**Exercise data:**
* * *

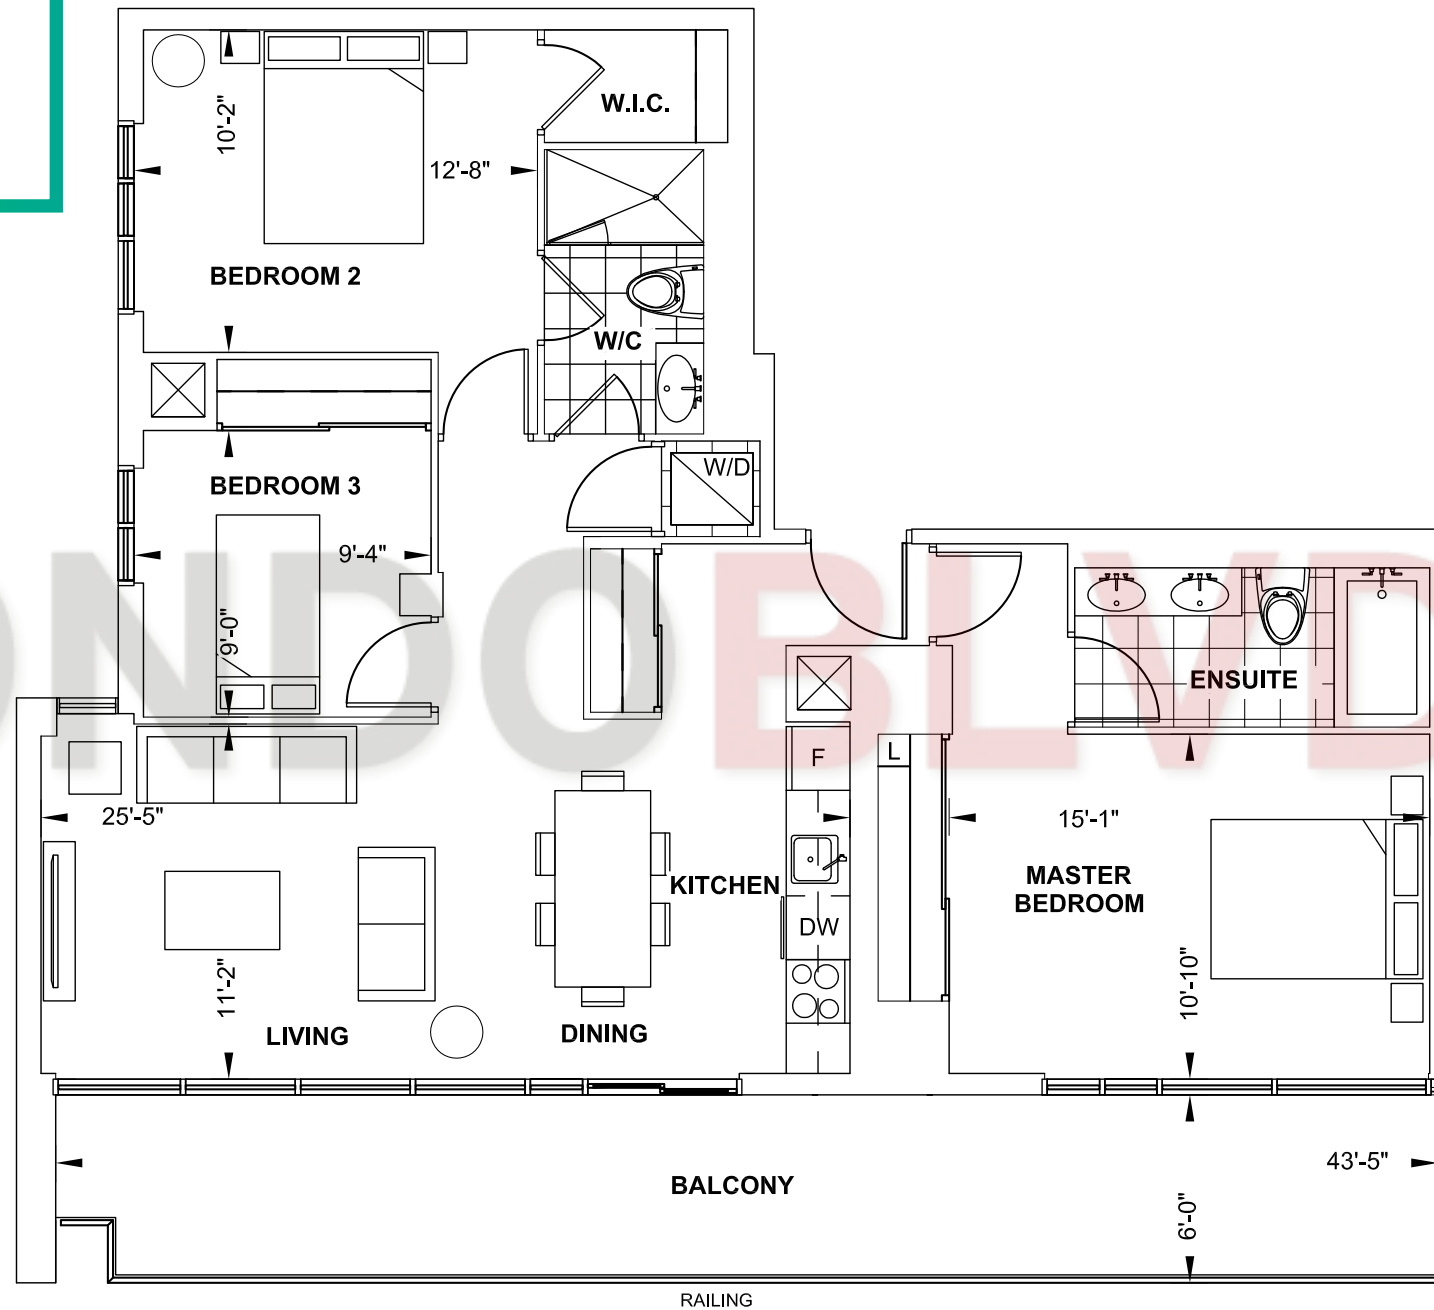

H1133

PENTHOUSE SUITE

3 Bedroom

10' Ceilings

Interior 1,133 Sq.Ft.

Exterior 255 Sq.Ft.

Total 1,388 Sq.Ft.

LOWER PENTHOUSE • FLOOR 28

* * *

**What to do:** Restate the listing above word for word and skip each picture.

**Reply:**
H1133

PENTHOUSE SUITE

3 Bedroom

10' Ceilings

Interior 1,133 Sq.Ft.

Exterior 255 Sq.Ft.

Total 1,388 Sq.Ft.

LOWER PENTHOUSE • FLOOR 28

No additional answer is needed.